16 days in TT News day

DEBBIE JACOB
I WOULD have grown up feeling odd and out of place if I hadn’t chosen the English-born primatologist Jane Goodall as a role model 60 years ago when I was 12. My isolation on a remote Ohio dairy farm with only cows, dogs, and horses for companions felt normal because my role model’s life matched mine in its isolation, love, and respect for animals.
In my world, my father named all 56 of his dairy cows and knew the personalities of every animal he owned. Over in Africa, Goodall named all the chimpanzees she studied, which has always been frowned upon in research. She changed the definition of man as the only tool-making animal when she witnessed chimpanzees strip leaves from twigs to fish termites from their nests.
Through my childhood experiences and those of Goodall, I knew animals had stories to tell. I never doubted that, so it never surprised me that I would spend 14 years researching and writing about this country’s police dogs.
Role models give us a purpose in life. They build our confidence, shape our values, validate the direction we choose in life, provide the certainty that we can succeed at whatever creative endeavour we choose, and remind us to be resilient and relevant. Some, like Goodall, are models for reinvention.
In her later years, Goodall reinvented herself as an animal activist and environmentalist, working tirelessly to restore and protect the world we live in for all animals and humans. She also taught me that invaluable work has no retirement age.
Goodall, 91, died peacefully in her sleep on October 1, the night before giving one of her famous environmental lectures in California. She left a long legacy of hope along with significant research in animal behaviour and ecological awareness. Her message never wavered: humans and animals share this planet. We all need to step up and do our duty to protect and preserve this space.
In all the accolades that have been heaped on Jane Goodall in life and death, one point always said in passing stands out for me, and that is she had been chosen to study chimpanzees without having any expertise in primatology, the branch of anthropology she would define and bring to worldwide attention.
The late archaeologist Louis Leakey saw qualities in Goodall, whom he had hired as a secretary, and chose her to be the first person to observe chimpanzees in the wild. He wanted someone untainted by academic bias.
Because of Leakey and Goodall, I grew up feeling I could have any job I wanted, and I grabbed them confidently even though I was unqualified. My degree in anthropology created the foundation for my life and opened doors I had no business entering.

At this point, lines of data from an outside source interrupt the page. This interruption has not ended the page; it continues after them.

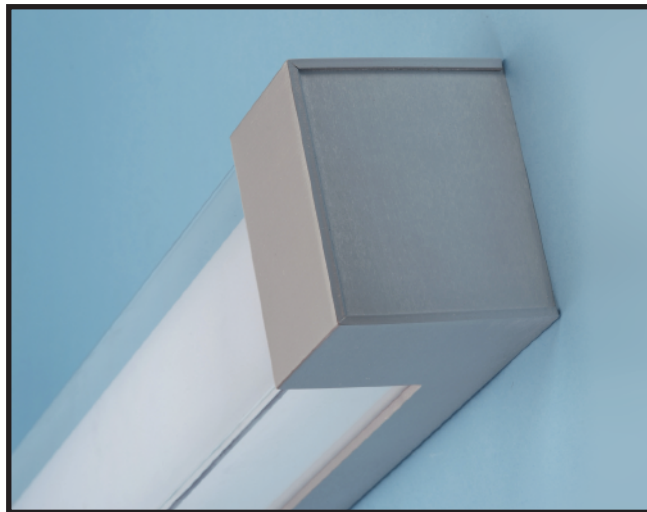

Glass in Glass 2 Lite T-8

VAN029-X-XXX

DESCRIPTION

A combination of white and clear acrylic diffusers are accentuated by a full perimeter faux metallic outer trim.

Pack: Bulk Per Order

DIMENSIONS

Nominal Size	A	B	C
A	4.00"	25.00"	5.35"
B	4.00"	37.00"	5.35"
C	4.00"	49.00"	5.35"

ORDERING INFORMATION

Example: VAN029-A-104, Glass-in Glass 2T8 Vanity, 2' Size, Solid Bronze End Caps

Series	Size	Cap Finishes	Mounting
VAN029	A	010-Brushed Nickel 104-Bronze	V4-(Lens Mounts Via End Screws)
	B	011-Brushed Brass 122-Antique Silver	
	C	012-Black	
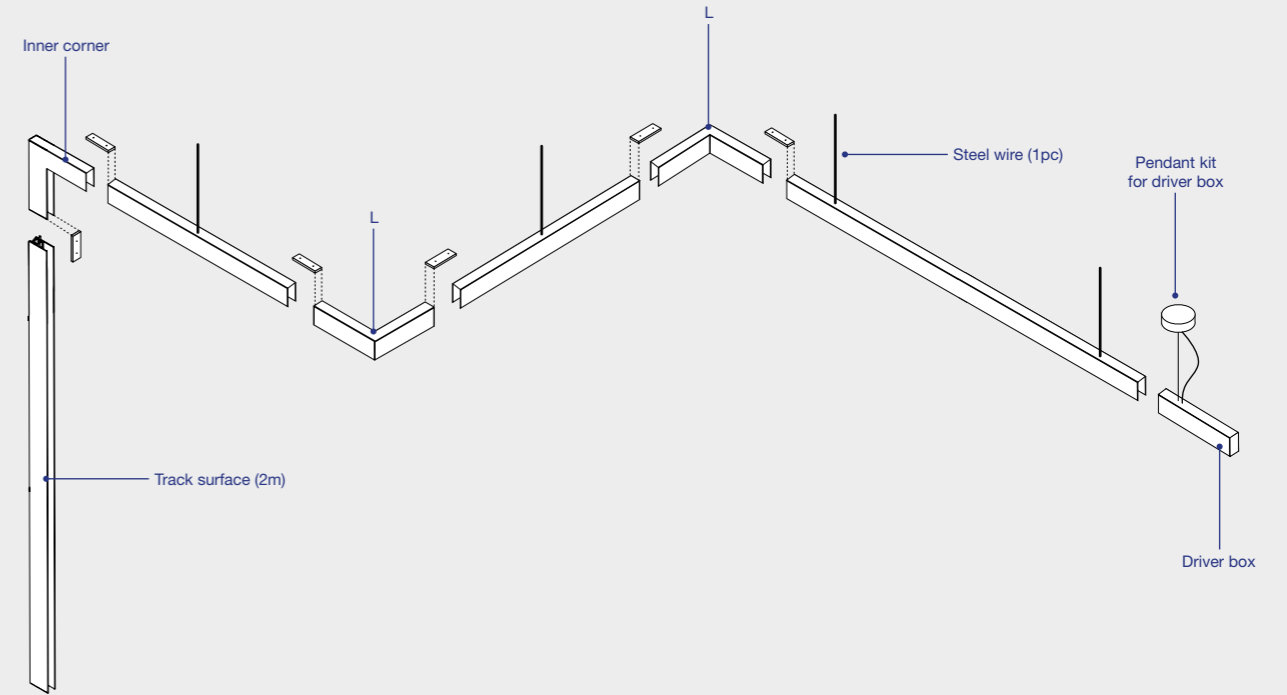

The Magnetic Track System

FOCUSON

TRACK RECESSED

TRACK SURFACE & SUSPENSION

24V

Family	Track Length	Finish	Control System
5020120 Neso Track Recessed	10 1m	1 White	D DALI CASAMBI ON/OFF
	20 2m	2 Black	

24V

Family	Track Length	Finish	Control System
5020110 Neso Track Surface	10 1m	1 White	D DALI CASAMBI ON/OFF
	20 2m	2 Black	
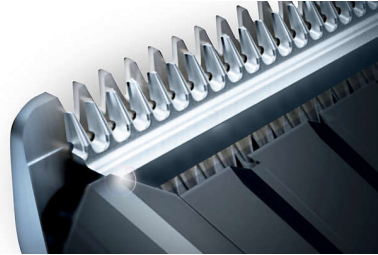

Highlights

Control buttons

The intuitive user interface gives you precise feedback on the selected length. Use the buttons to easily select and lock-in more than 60 length settings. Quickly browse through lengths or slowly go through each small step of 0.2 mm.

60 lock-in length settings

Use the Control Buttons to precisely select and lock-in the length you want, with more than 60 length settings. Use the comb to trim with precisely 0,2mm increments between 1 and 7mm, and 1mm between 7 and 42mm. Or you can use it without the comb for a close 0.5mm trim.

3 adjustable hair combs

The clipper comes with 3 adjustable hair combs: from 1 to 7mm, 7 to 24mm and 24 to 42mm. Just attach one of the combs for more than 60 lock-in length settings, with precisely 0,2mm increments between 1 and 7mm, and 1mm between 7 and 42mm. Or you can use

the clipper without the comb for a close 0.5mm trim.

Stainless steel blades

Self-sharpening stainless steel blades for long-lasting sharpness.

Motorized Combs

The motor powered length setting system easily selects and locks in the preferred length. The motor powers the comb and allows selecting between lengths with a precision of up to 0.2mm. This innovative technology gives you the security of clipping all the time at the desired length and achieving consistent results time after time.
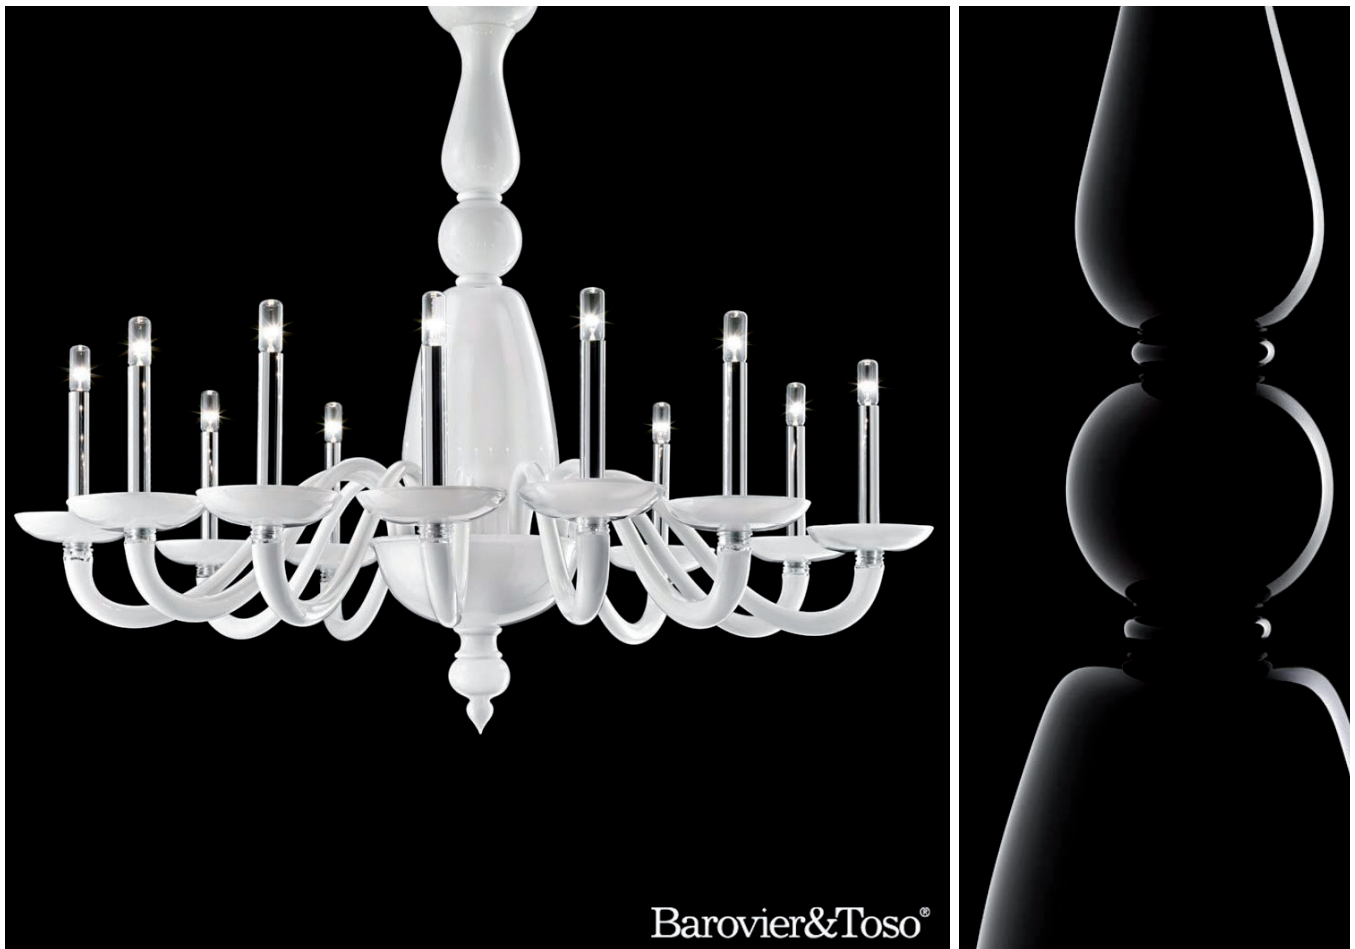

Palladiano

Design: Barovier&Toso

Description

It's a collection of chandeliers with delicate and rigorous shapes, in smooth white or black glass. Two heights are available for each model, easier to be placed in low-ceiling rooms.

Palladino

Dimensions

- 5600/06: Ø 36" x 31"H
- 5601/06: Ø 35"7/8 x 24"3/4H
- 5600/09: Ø 45"1/4 x 37"3/4H
- 5601/09: Ø 44"7/8 x 30"H
- 5600/12: Ø 51"1/8 x 42"1/2H
- 5601/12: Ø 50"3/4 x 33"7/8H
- 5600/18: Ø 51"1/8 x 59"H

Structure in Murano: Crystal, Black or White color.

Details in: Polished chrome.

(For more specifications, please refer to "Finishes & Materials")

I worked as a technical writer in Boeing Commercial Airplane Company without being trained for that profession; became a journalist with no background in journalism; taught English and history in the International School of Port of Spain and in prisons without degrees in those subjects, and became a writer who has done reasonably well relying primarily on the observation skills honed on that dairy farm.
I lived in an era when brave leaders chose people for jobs because they saw something in us. That vague yet promising notion that curiosity and desire could outweigh academic skills gave some of us opportunities to surprise ourselves and others in unanticipated occupations.
These times are defined more by a lack of trust, so taking chances on people who come to the table with nothing more than heart, ambition and a willingness to learn is out of the picture.
We value systems and programmes more than people now. School is about the curriculum more than about teachers' own creative flair. In the past, schools were one of the best places to find role models. Meanwhile, profit-driven businesses take less creative chances on unknown people who want to learn and succeed.
It’s easy to say we live in a more complex world than the one that gave me my role model 60 years ago. But that’s not true. The problem lies in our penchant for devaluing people, as we do with everything else in this world – honesty, diligence, trust, and risk-taking. We’ve lost many of the ideals that we once looked for in our role models.
Still, young people need role models more than ever. The world lacks positive guidance. Where in the world can we ever find another Jane Goodall?